15 fallecidos de 2021 a 2025
Pese a sus esfuerzos, hay quien muere en la calle. Entre 2021 a 2025, fallecieron en Córdoba 15 personas sin hogar a las que hay que sumar el reciente caso en La Corredera, del que no puede dar información por protección de datos. «Hay personas que llevan más de diez años en la calle, algunos ingresan en un recurso y luego se van, nosotros no podemos obligar a nadie a estar en la Casa de Acogida, donde hay unas normas que hay que cumplir, el cambio siempre empieza por ellos mismos». Tanto la Casa de Acogida como la Unidad Social Móvil del Ayuntamiento de Córdoba son servicios que gestiona la Fundación Prode para la Delegación de Servicios Sociales.
«Agilizar la burocracia sería de gran ayuda para reducir el sinhogarismo»

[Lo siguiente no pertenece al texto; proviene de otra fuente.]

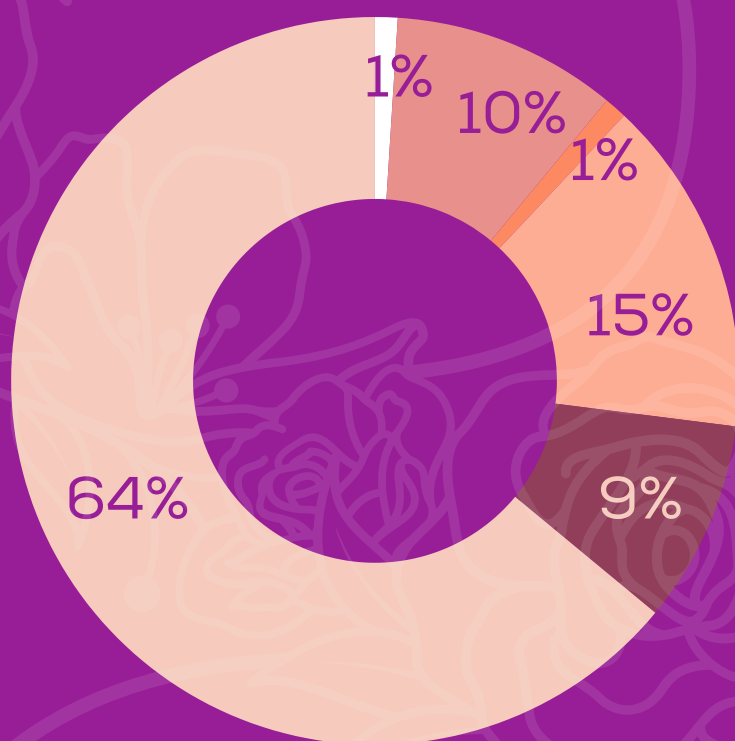

PARTICIPACIÓN DE LA MUJER EN LA FORMACIÓN PARA EL EMPLEO

2023

PARTICIPANTES

2,8M

HORAS DE FORMACIÓN

46,9M

FORMACIÓN SEGÚN SECTOR

■ Agricultura ■ Industria ■ Construcción
■ Comercio ■ Hostelería ■ Otros servicios

ÁREAS PROFESIONALES

PERFIL PROFESIONAL*

* Formación programada por las empresas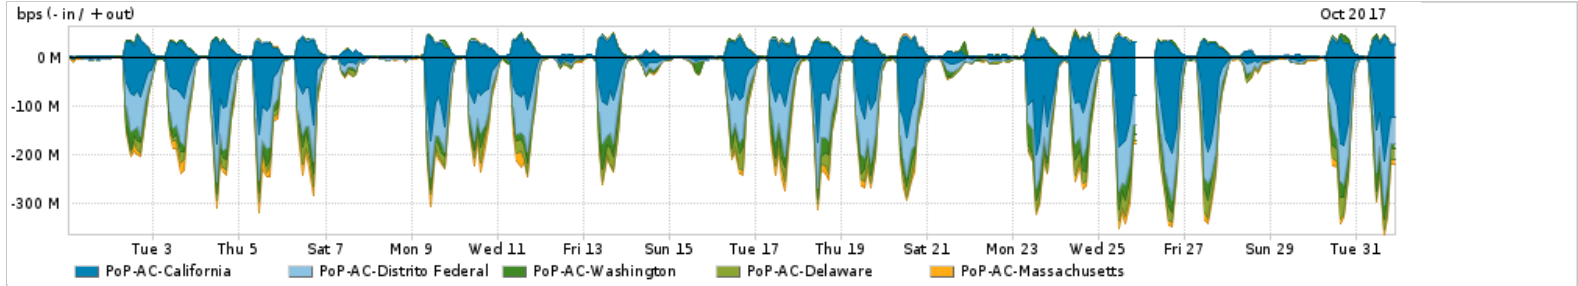

Distribuição do tráfego do PoP-AC por estado, província ou similar

Average | Max | PCT95

PROFILE	REGION	IN	OUT	TOTAL	
☒	PoP-AC	California	37.95 Mbps	12.48 Mbps	50.43 Mbps
☒	PoP-AC	Distrito Federal	28.84 Mbps	590.13 Kbps	29.43 Mbps
☒	PoP-AC	Washington	9.38 Mbps	918.90 Kbps	10.30 Mbps
☒	PoP-AC	Delaware	8.70 Mbps	173.65 Kbps	8.88 Mbps
☒	PoP-AC	Massachusetts	4.49 Mbps	223.10 Kbps	4.71 Mbps
☐	PoP-AC	Rio de Janeiro	4.44 Mbps	167.28 Kbps	4.61 Mbps
☐	PoP-AC	Noord-Holland	2.48 Mbps	122.93 Kbps	2.60 Mbps
☐	PoP-AC	Arizona	2.37 Mbps	55.55 Kbps	2.43 Mbps
☐	PoP-AC	Virginia	1.64 Mbps	427.93 Kbps	2.07 Mbps
☐	PoP-AC	Sao Paulo	1.51 Mbps	373.28 Kbps	1.88 Mbps
☐	PoP-AC	Pernambuco	1.36 Mbps	33.83 Kbps	1.39 Mbps
☐	PoP-AC	Texas	1.11 Mbps	103.64 Kbps	1.21 Mbps
☐	PoP-AC	New York	1.05 Mbps	135.79 Kbps	1.19 Mbps
☐	PoP-AC	Quebec	592.73 Kbps	21.05 Kbps	613.78 Kbps
☐	PoP-AC	Oregon	155.17 Kbps	431.40 Kbps	586.57 Kbps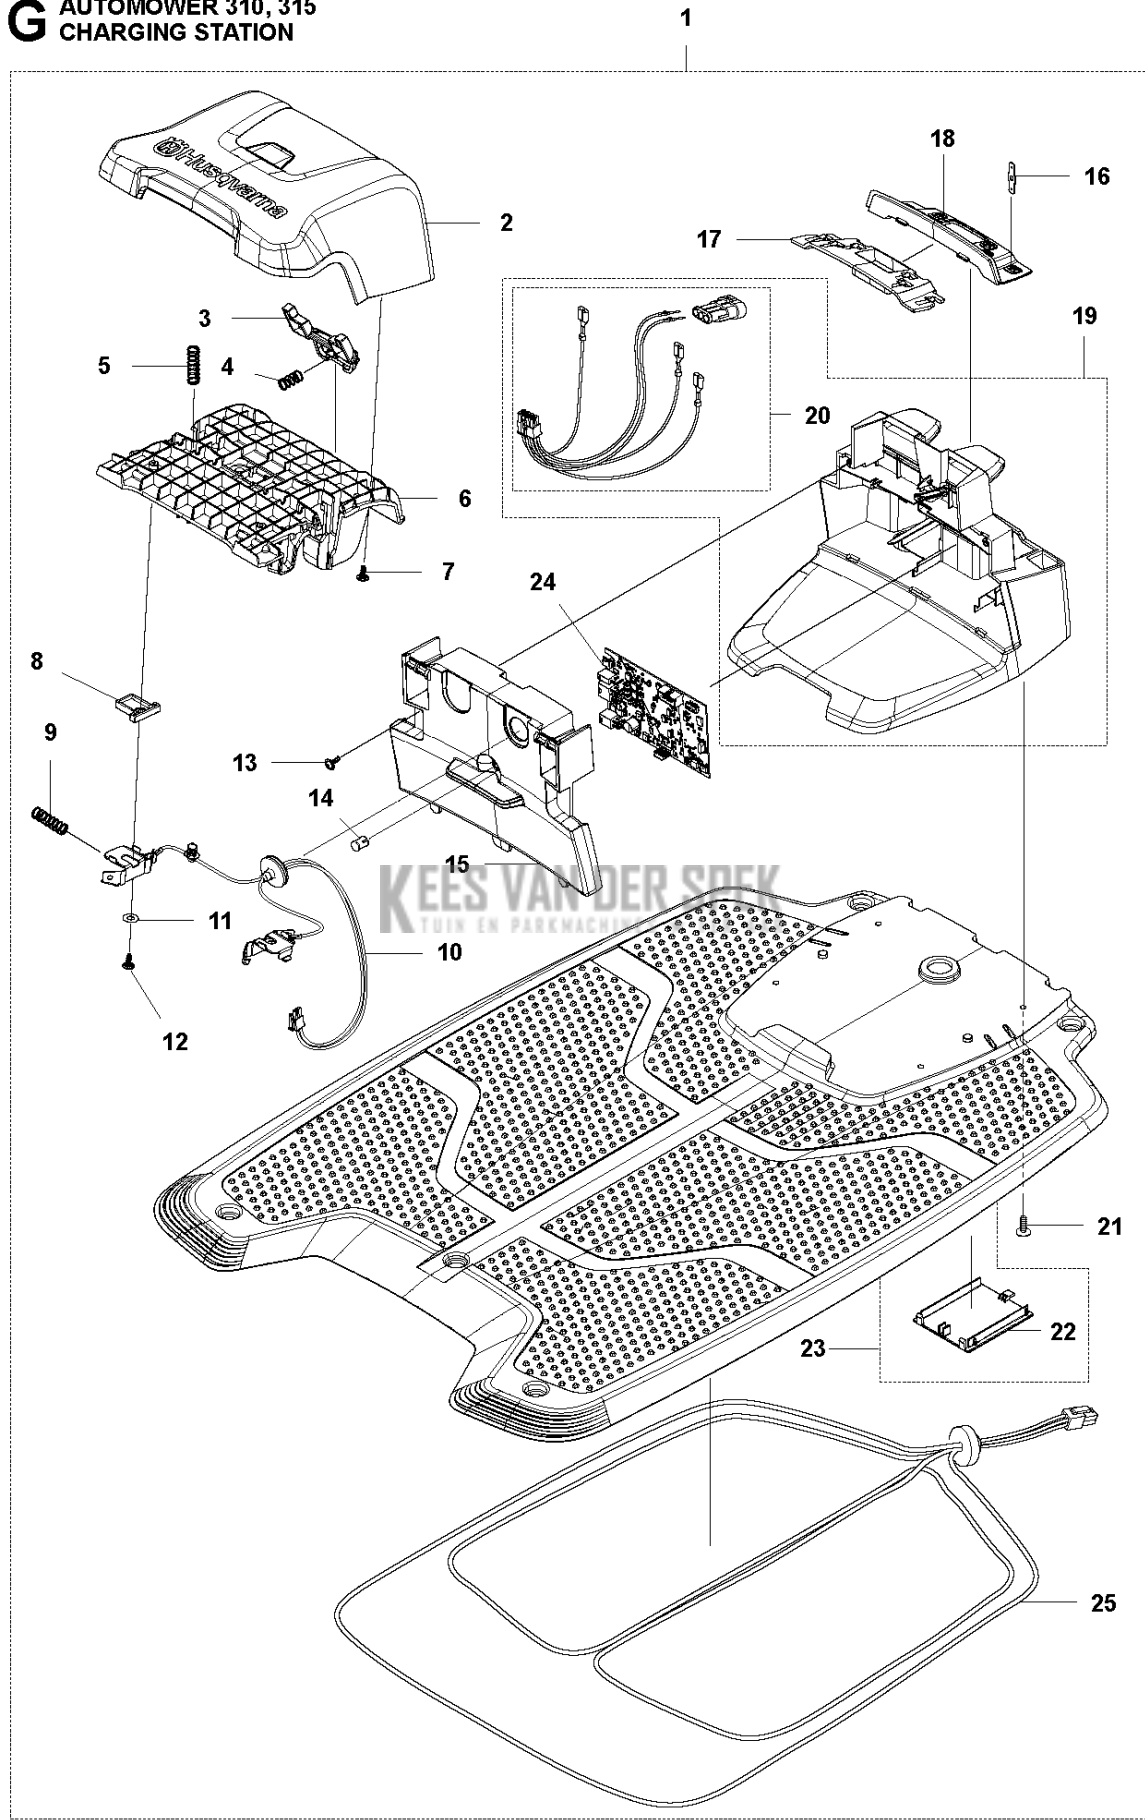

G AUTOMOWER 310, 315
CHARGING STATION

Referentie	Onderdeel nr	Omschrijving	Opmerking	Aant KIT al
1	585 16 40-02	LAADSTATION	Charging Station	1
2	585 07 11-02	KAP	Cap	1
3	579 46 24-02	KNOOP	Button - Release	1
4	574 48 70-01	VEER	Spring	1
5	580 51 14-01	VEER	Spring	2
6	579 45 80-04	FRAME	Frame	1
7	575 54 33-14	SCREW	Screw	4
8	579 46 05-01	AFSTAND	Distance	2
9	580 51 14-01	VEER	Spring	2
10	585 53 95-02	KABEL COMPL.	Loom Charging Contact	1
11	734 11 37-41	RING	Washer	2
12	575 54 33-14	SCREW	Screw	2
13	575 54 33-14	SCREW	Screw	2
14	590 21 72-01	LENS	Lens	1
15	585 07 14-01	DEKSEL	Lid	1
16	580 50 41-01	KLEM	Terminal	3
17	579 45 98-01	PAN	Panel	1
18	579 45 99-01	HOLDER	Holder	1
19	588 41 61-01	HUIS COMPL.	Housing	1
20	587 65 15-01	LOOM KIT	Loom	1
21	575 54 33-14	SCREW	Screw	4
22	585 91 93-01	DEKSEL	Cover	1
23	587 65 16-02	LAADCONTACT	Charging Plate KIT	1
24	592 90 93-02	PRINTPLAAT COMPL.	Printed Circuit ASSY	1
25	590 52 72-01	KABEL COMPL.		1 1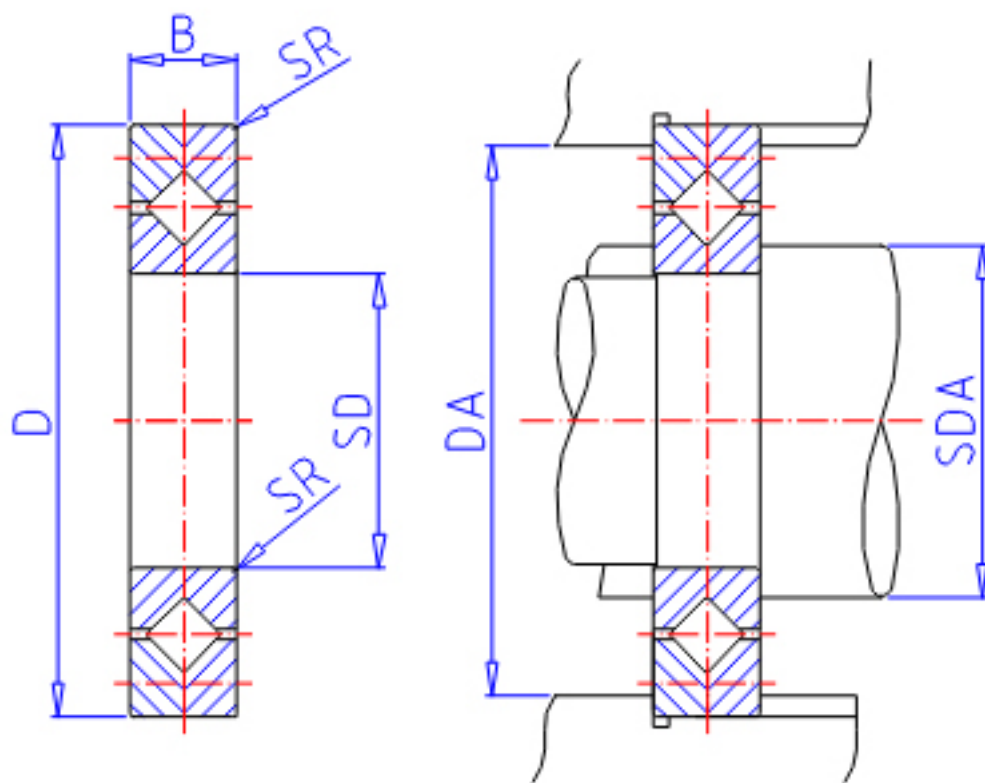

IKO CRB 20030参数

轴径	STDRT	200	mm	轴径
型号	ORDER	CRB 20030		型号
重量	MASS	6700	g	重量
主要尺寸	SD	200	mm	内径
	D	280	mm	外径
	B	30	mm	宽度
	SR	2.0	mm	(最小)
安装尺寸	SDA	218	mm	-
	DA	262	mm	-
基本额定载荷	CR	133000	N	动载荷
	COR	234000	N	静载荷

IKO CRB 20030图片

参考资料:<http://www.sozhou.com/p/b3d0dbdf.html>

La lentitud burocrática es uno de los hándicaps a los que se enfrenta la Unidad Móvil De Atención Social En Calle (Umasc) del Ayuntamiento de Córdoba, según una de sus responsables.«Cuando una persona está dispuesta a ingresar en un centro para un proceso de desintoxicación, hay que aprovechar y actuar con rapidez porque si tiene que esperar meses para un ingreso es posible que cuando llegue el momento, la situación haya cambiado o incluso que haya muerto», lamenta Eva. Por otro lado, aunque la valoración de los casos de dependencia se ha acelerado bastante, «el problema viene una vez se reconoce el derecho a una residencia porque hay largas listas de espera porque no hay ingresos de urgencia», añade, «algunas personas están en la calle porque no pueden pagar 400 euros por una habitación, para prevenir que esos casos se cronifiquen hay que actuar rápido». Otra de las dificultades es «la escasa información que podemos obtener de los usuarios, entre otras razones, por la protección de datos». Ante un problema de salud mental o adicción, «dependemos de lo que la persona nos diga, aunque haya una sospecha, porque a veces ni siquiera ellos son conscientes de su enfermedad y menos de su tratamiento». Por eso insiste en que «agilizar la burocracia sería clave para reducir el sinhogarismo». También hay mitos que hay que desechar, como pensar que todas las personas que están en la calle son pobres. La unidad ha trabajado con personas que tenían mucho dinero y que vivían mendigos. «Sacar de la calle a alguien con problemas de salud mental lleva años, hay que ir paso a paso entablando contacto hasta que esa persona confía en ti y puedes ofrecerle ayuda», relata Eva, que llama a la ciudadanía a avisar cuanto antes cuando se detecta a una persona que vive en la calle llamando al 957499995 o a la Casa de Acogida Municipal. En su opinión, «cada vez hay más conciencia social sobre esta realidad en la que puede caer cualquiera», afirma, lo que no impide «que también nos lleguen quejas, hay quien nos ha llegado a decir que han pagado mucho por su piso como para haya un sin techo en su puerta».